As the city expanded, Belgrade's old cemetery at Tašmajdan became inadequate. On the one side, it became too small for the city's main graveyard. On the other, once projected to be on the outskirts of the city, as Belgrade grew, Tašmajdan practically became downtown and close to the Royal court. The first official initiative for the removal of the cemetery came in 1871 from Mihailo Jovanović, Metropolitan Bishop of Belgrade. As the city was in the financial crisis at the time and wasn't able to buy such a large lot for the new cemetery, mayor of Belgrade Vladan Đorđević donated a patch of his land to the city for the purpose of establishing a new cemetery. In the next decades, the area, including the graveyard itself was known as Vladanovac (after the mayor), but gradually was replaced with the name New Cemetery. Mayors Živko Karabiberović and Mijailo Bogićević also worked on the establishment of the cemetery. The cemetery was charted in the city plans in 1884 but the citizens originally disapproved the new location, as it was distant from downtown, so a horse-operated tram line was established, Terazije-New Cemetery. The adaptation of the lot was finished on 16 August 1886 and the first person was buried next day. It was Dragutin Dimić, son of the cemetery gardener Veljko Dimić. The graveyard originally covered 2 ha, but by 2017 grew to 30 ha. The reinterment of the remains from the Tašmajdan dragged on for the several decades, being finished only in 1927.

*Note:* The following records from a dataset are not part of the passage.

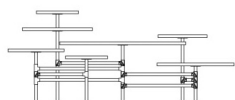

Doyle

SMALL TABLES

An original central table that combines sophisticated construction details with luxurious finishes. A versatile composition with moving arms that offer different possibilities of use. The elegant tops of different heights and dimensions can adapt to diversified needs creating a splendid game of balance and contrasts.

Articulated central table. Structure in metal with glossy brass finishing. Tops in metal with dark bronze, light bronze, glossy gold finishing, or top in Era Glaciale marble.

SMALL TABLES

Structure in metal with glossy brass finishing. Top in metal with dark bronze, light bronze, glossy gold finishing, or top in

Era Glaciale marble. Articulated structure.

DOE.232.A

Central table

Standard features

L 161 D 130 H 66 cm

L 63.39 D 51.18 H 25.98 in

First memorial monument was built in 1907, when remains of the Serbian soldiers who died in wars against the Turks and Bulgarians in the 19th century were reinterred from the Tašmajdan. During the bombardment of Belgrade in the World War I, cemetery was damaged in 1915. In the Interbellum, seven military graveyards were also formed together with the Memorial Ossuary to the Defenders of Belgrade 1914–1918.

=== After 1945 ===
Cemetery of Belgrade Liberators, for the soldiers who died in 1944, extension across the Ruzveltova street to the west, was built in 1954. In 1959, a memorial cemetery for all the fallen fighters of the World War II was built by the architects Bogdan Bogdanović and Svetislav Ličina. Ličina also projected the Alley of Distinguished Citizens in 1965. In 1963, the crematory was opened. Though the first initiative for the crematory to be built came in 1904 from the "Oganj" society, and Minister for Public Health Čedomir Mihajlović approved construction in 1928, due to the lack of space, funds and opposition of the public, it took decades to open one. It is on the spot where the old Ashkenazi chapel was located. In 1964, the first year the crematory was operational, there were only 6 cremations, 5 of which were organized for the foreign citizens.

By the 1983 decision of the National Assembly of Serbia, the New Cemetery was declared as the cultural monument of great importance. Since 2004 it is member of the Association of Significant Cemeteries of Europe and since 2018 of the European Cemeteries Route.

== The Main (Eastern) portion ==

The main part of the complex, on the right side of the Ruzveltova street, consists of a small Ashkenazi Jewish cemetery and much larger Christian cemetery. The Christian cemetery contains graves of ordinary citizens, several military graveyards, and four memorial sections containing the graves of important persons: the Arcades, the Alley of the Greats, the Alley of Distinguished Citizens, and the Alley of People's Heroes.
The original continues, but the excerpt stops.